◆ WHAT THE TASK REQUIRES
Your task is to count the lines of the records that contain "AÑOS". Answer with the number and nothing else.

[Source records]
▼
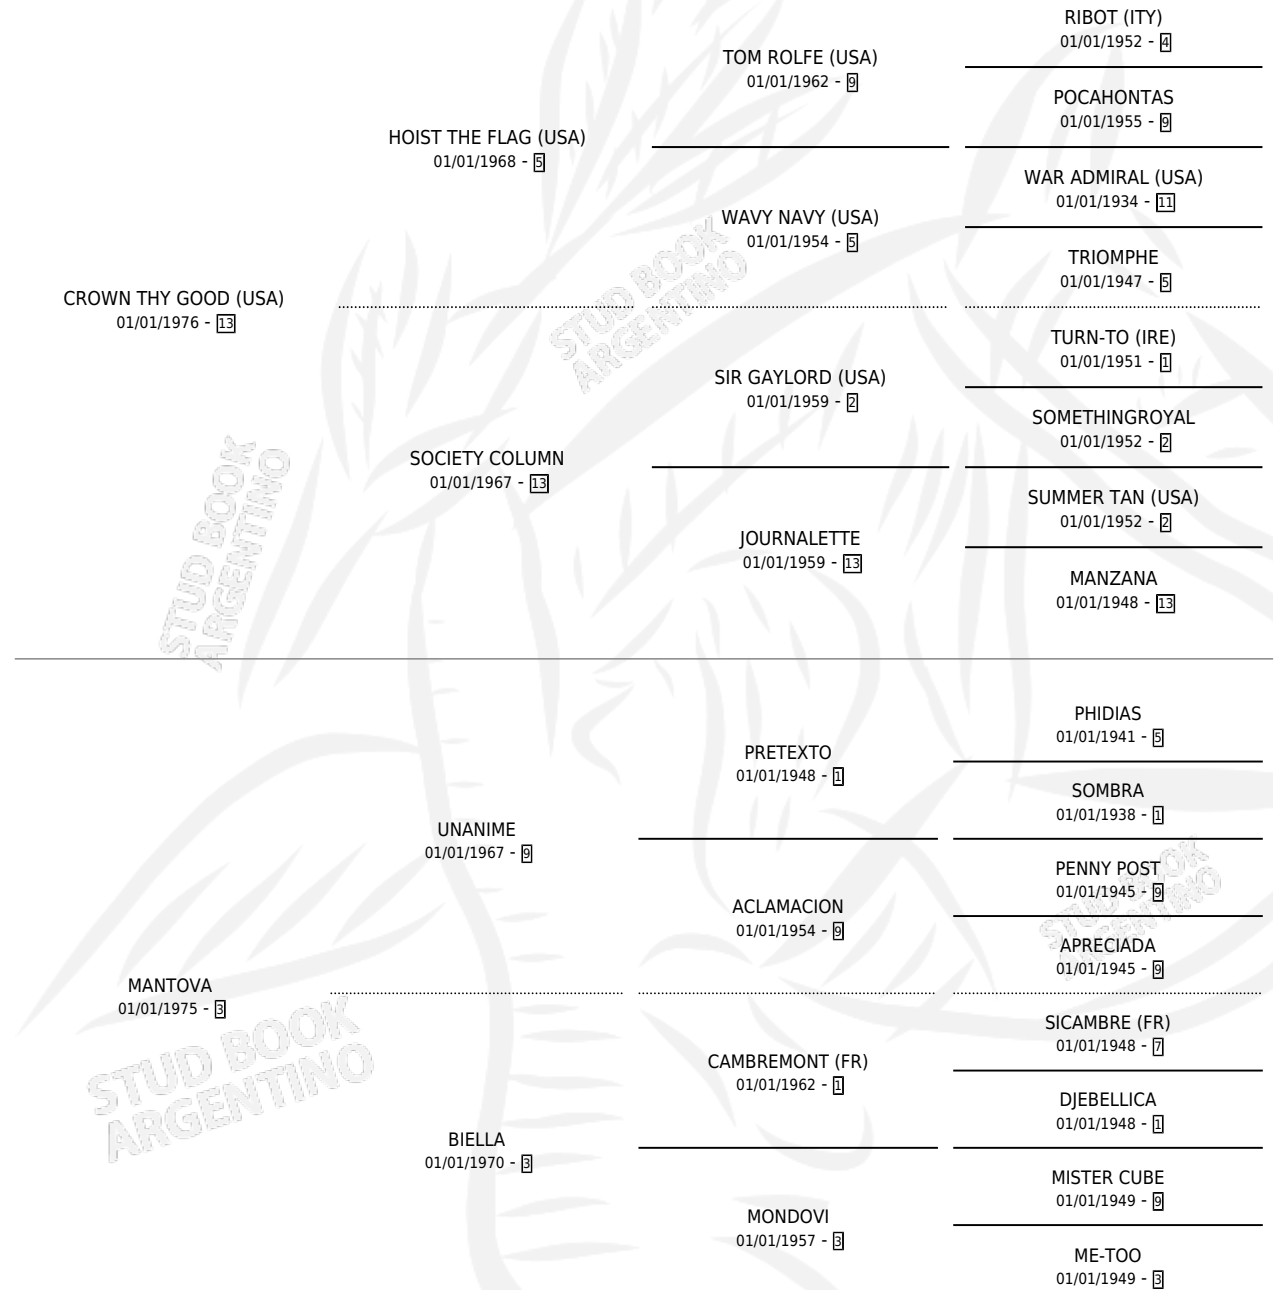

MATRACA

por CROWN THY GOOD (USA) y MANTOVA por UNANIME

Argentina · Hembra · Zaino · SP · 01/09/1986
Familia 3-f · Volumen 32

ESTADO

TIPIFICACIÓN SANGUÍNEA	X
TIPIFICACIÓN POR ADN	X
PASAPORTE	X
IDENTIFICACIÓN POR MICROCHIP	X
REPRODUCTOR	X

Lugar de nacimiento: Don Jacinto

Criador: Sin dato

PEDIGREE

CAMPAÑA

Solo carreras oficiales de Argentina

POR EDAD

EDAD	CC	1°	2°	3°	4°	5°	NP	CLC	CLG	CLCG1	CLGG1	IMPORTE	GANANCIA / CC
2 AÑOS	1	0	0	0	0	0	1	0	0	0	0	\$0	\$0
3 AÑOS	1	0	0	0	0	0	1	0	0	0	0	\$0	\$0
TOTALES	2	0	0	0	0	0	2	0	0	0	0	\$0	\$0
%		0.0%	0.0%	0.0%	0.0%	0.0%	100%	0.0%	0.0%	0.0%	0.0%		
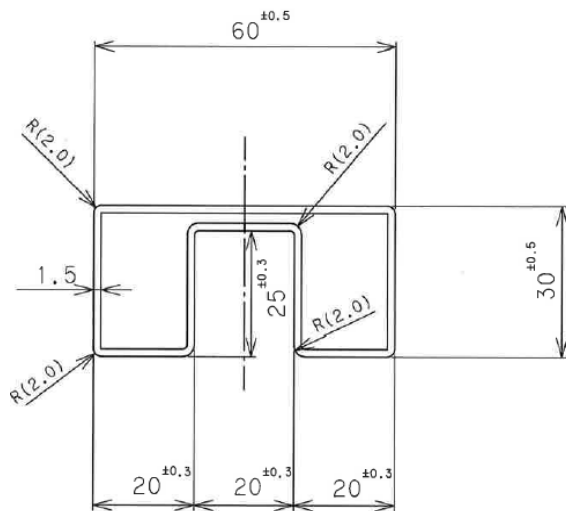

SUS304 溝形角パイプ1.5×40×20×15×15

SUS304 溝形角パイプ1.5×40×40×20×15

SUS304 溝形角パイプ 1.5×50×25×20×20

SUS304 溝形角パイプ 1.5×60×30×25×20

SUS304 溝形角パイプ2.0×80×40×30×25

SUS304 溝形角パイプ 2.0×100×50×30×30

SUS304 両溝形角パイプ1.5×40×40×17×15
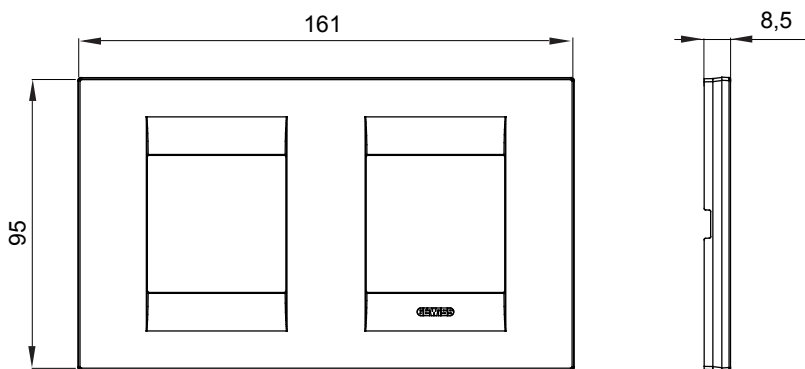

DIMENSIONAL

TECHNICAL SYMBOLOGY

STANDARDS/APPROVALS
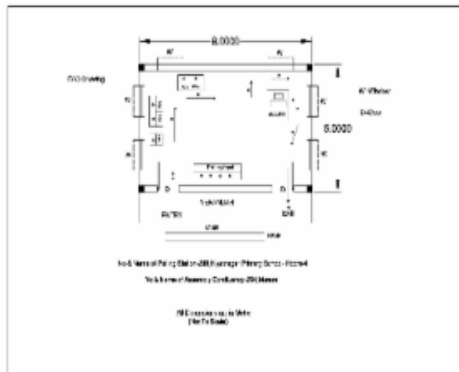

নির্বাচক নিবন্ধন আধিকারিকের স্বাক্ষর

Nazri Naksha

Google Map View

Polling Station Building Front View

Polling Station Front View

Cad View

Key MAP View

বিধানসভা নির্বাচনক্ষেত্রের নং, নাম : 294-মুরারই  
ভাগ নং, নাম : 1-হিয়াতনগর মালপাড়া
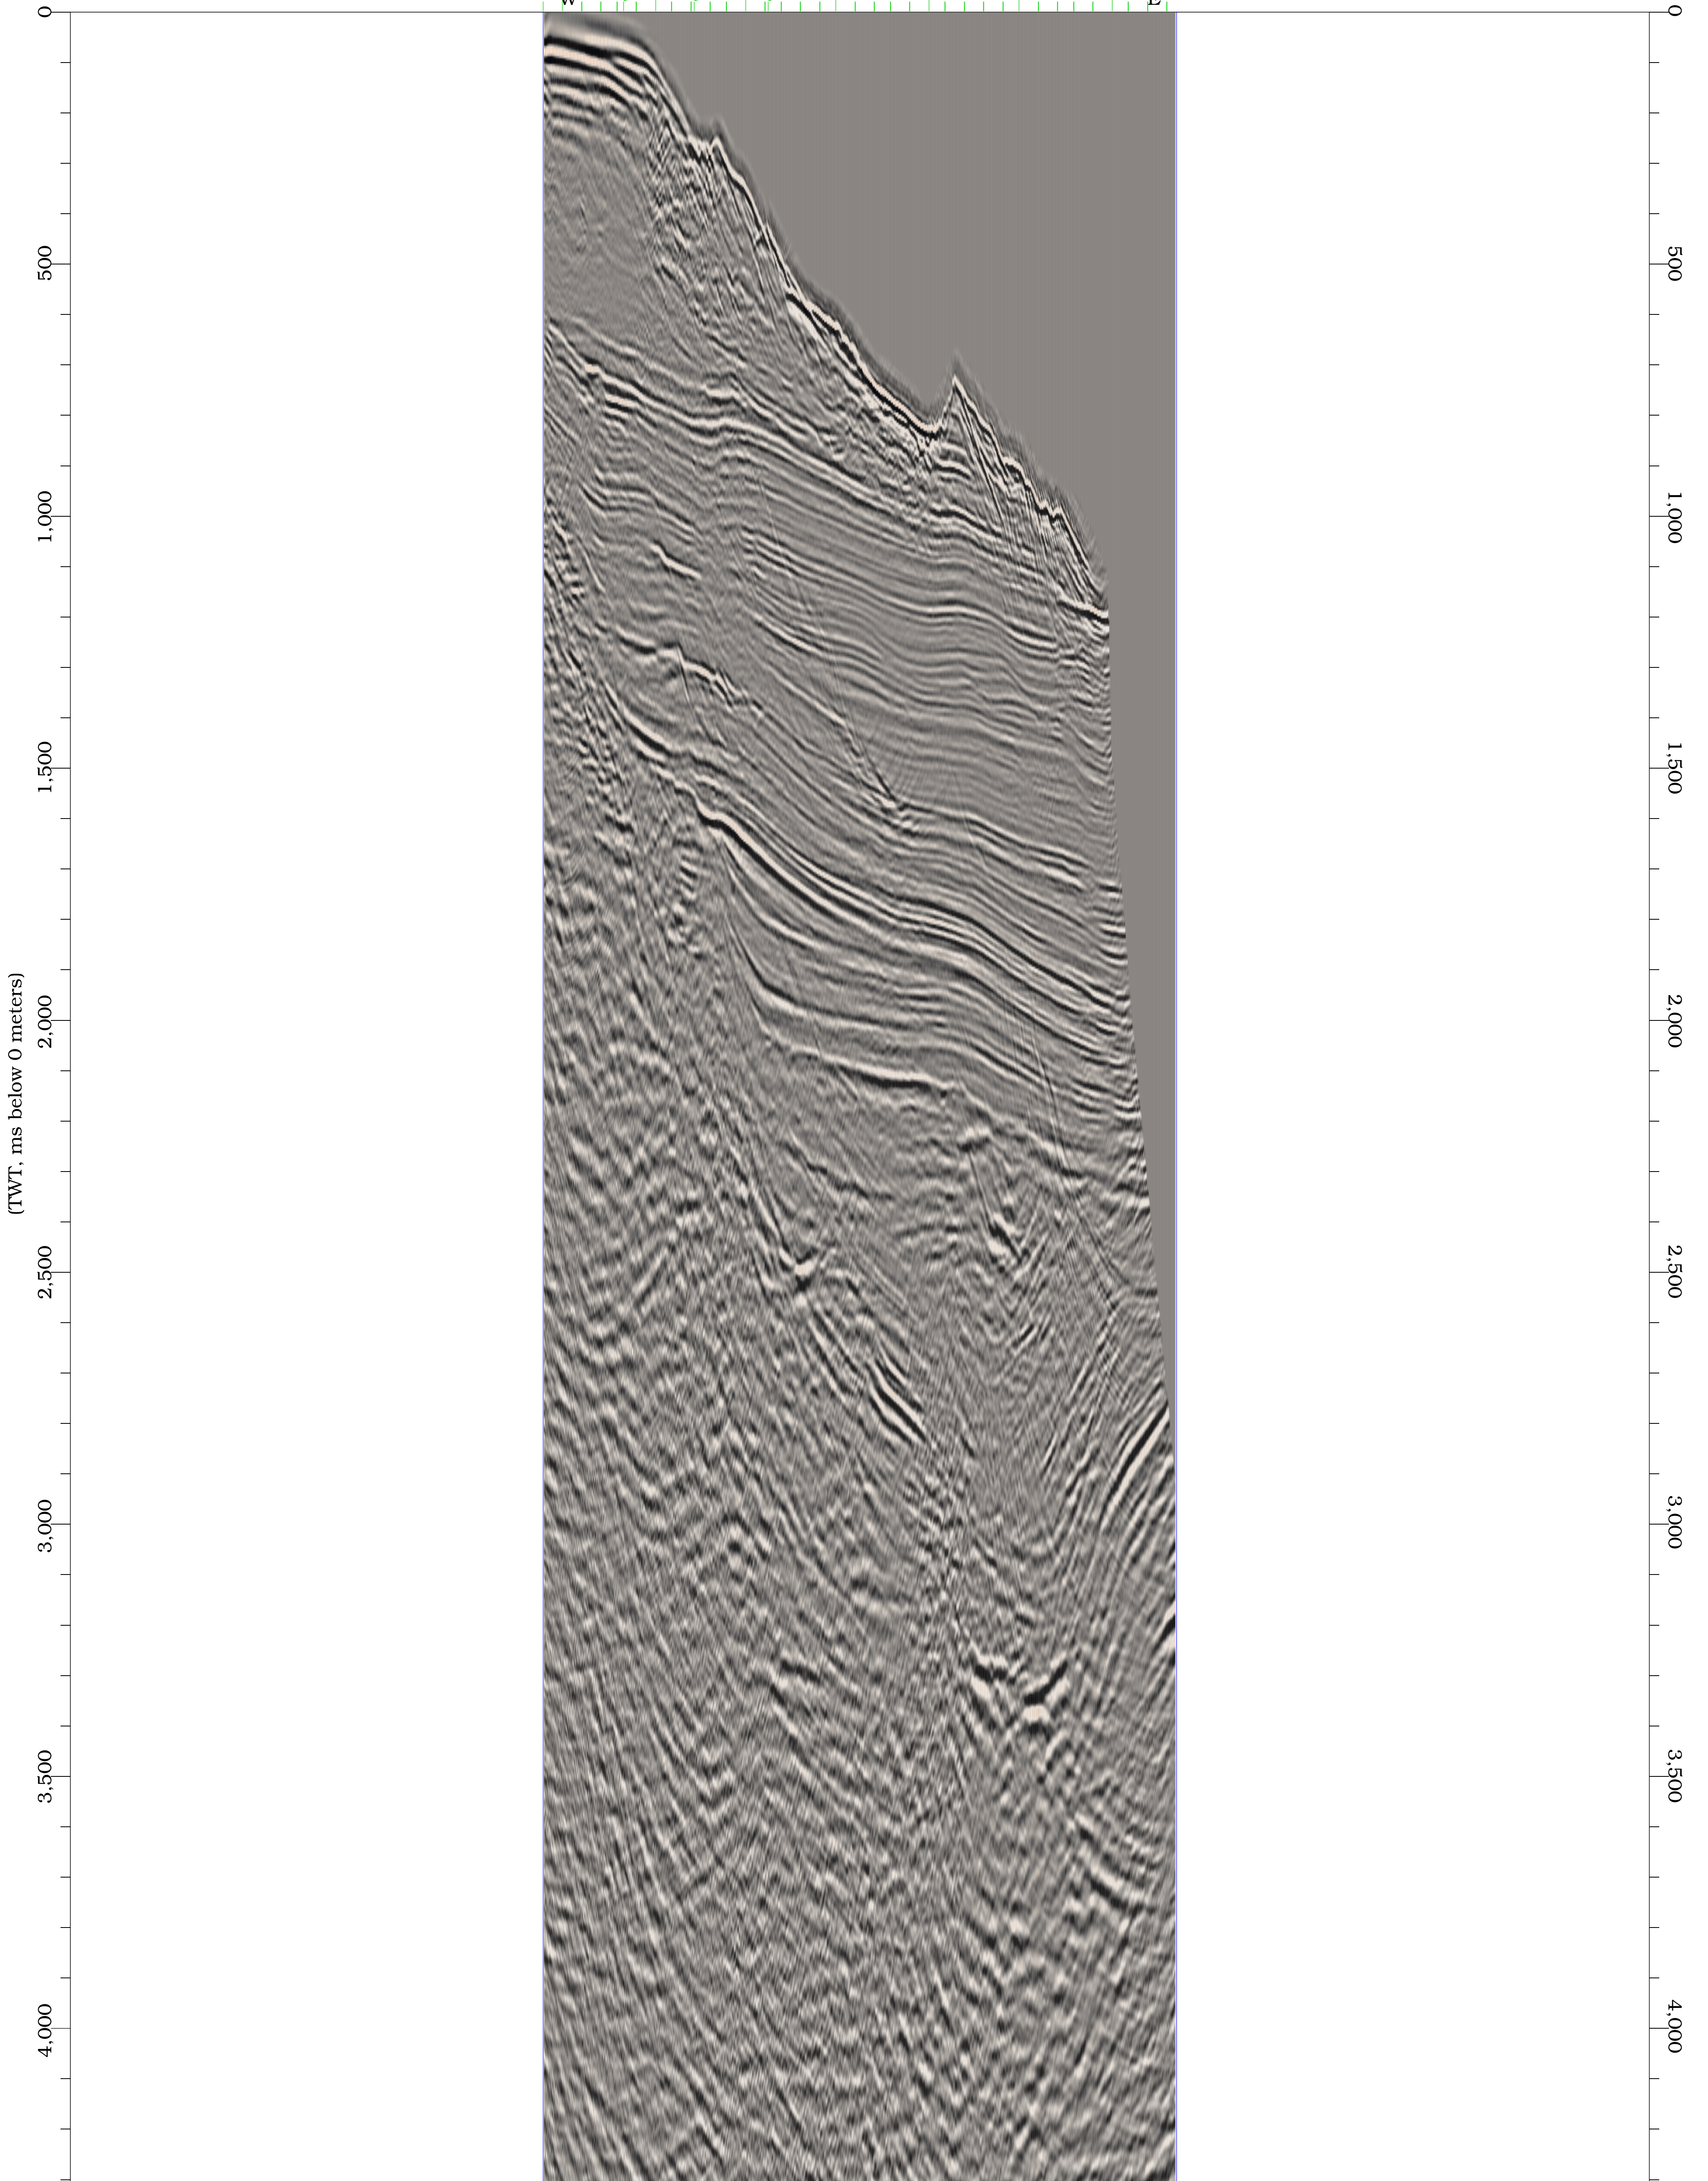

df80-59  
mig.2v2, UNKNOWN (AGC)

150 200 250 300 350 400 450  
W E

<b>LUCANO_101 - ALL_DATA</b>	
Units:SPE Preferred Metric	
Datum:0.0 meters	
CRS:Monte Mario / Italy 2 DAEX	
<b>LGC</b>	<b>eid10218234/3/2026</b>
▲
◆ RESULT BELOW
2